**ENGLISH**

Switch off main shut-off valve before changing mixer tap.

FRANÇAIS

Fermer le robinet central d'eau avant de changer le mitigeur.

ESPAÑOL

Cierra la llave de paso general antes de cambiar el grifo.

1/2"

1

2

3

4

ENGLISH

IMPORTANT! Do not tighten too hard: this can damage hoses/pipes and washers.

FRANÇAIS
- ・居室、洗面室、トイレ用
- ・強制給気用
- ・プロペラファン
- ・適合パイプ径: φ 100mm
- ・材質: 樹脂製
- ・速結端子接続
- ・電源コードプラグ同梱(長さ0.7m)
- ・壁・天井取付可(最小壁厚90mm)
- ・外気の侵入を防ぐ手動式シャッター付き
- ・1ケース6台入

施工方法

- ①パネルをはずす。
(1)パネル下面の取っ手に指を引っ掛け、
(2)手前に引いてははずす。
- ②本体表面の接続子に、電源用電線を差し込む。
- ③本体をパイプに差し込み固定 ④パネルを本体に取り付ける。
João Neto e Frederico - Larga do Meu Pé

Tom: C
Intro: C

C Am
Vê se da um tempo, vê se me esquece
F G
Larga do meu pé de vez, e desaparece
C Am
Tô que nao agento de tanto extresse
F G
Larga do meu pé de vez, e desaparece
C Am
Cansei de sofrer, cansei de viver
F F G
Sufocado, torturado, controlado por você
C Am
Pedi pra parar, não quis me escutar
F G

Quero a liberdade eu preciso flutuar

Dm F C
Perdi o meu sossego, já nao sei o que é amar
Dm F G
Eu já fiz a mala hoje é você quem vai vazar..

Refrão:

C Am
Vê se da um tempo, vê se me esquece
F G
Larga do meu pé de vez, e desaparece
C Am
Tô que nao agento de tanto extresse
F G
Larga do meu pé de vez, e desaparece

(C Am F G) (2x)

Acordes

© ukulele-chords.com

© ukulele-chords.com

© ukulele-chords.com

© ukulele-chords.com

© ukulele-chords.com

—————

Exercise objective => Exact copies of the lines from the one containing "Quero a liberdade eu preciso flutuar" through the final line of the records are all the answer should hold.

Expected answer =>
Quero a liberdade eu preciso flutuar

Dm F C
Perdi o meu sossego, já nao sei o que é amar
Dm F G
Eu já fiz a mala hoje é você quem vai vazar..

Refrão:

C Am
Vê se da um tempo, vê se me esquece
F G
Larga do meu pé de vez, e desaparece
C Am
Tô que nao agento de tanto extresse
F G
Larga do meu pé de vez, e desaparece

(C Am F G) (2x)

Acordes

© ukulele-chords.com

© ukulele-chords.com

© ukulele-chords.com

© ukulele-chords.com

© ukulele-chords.com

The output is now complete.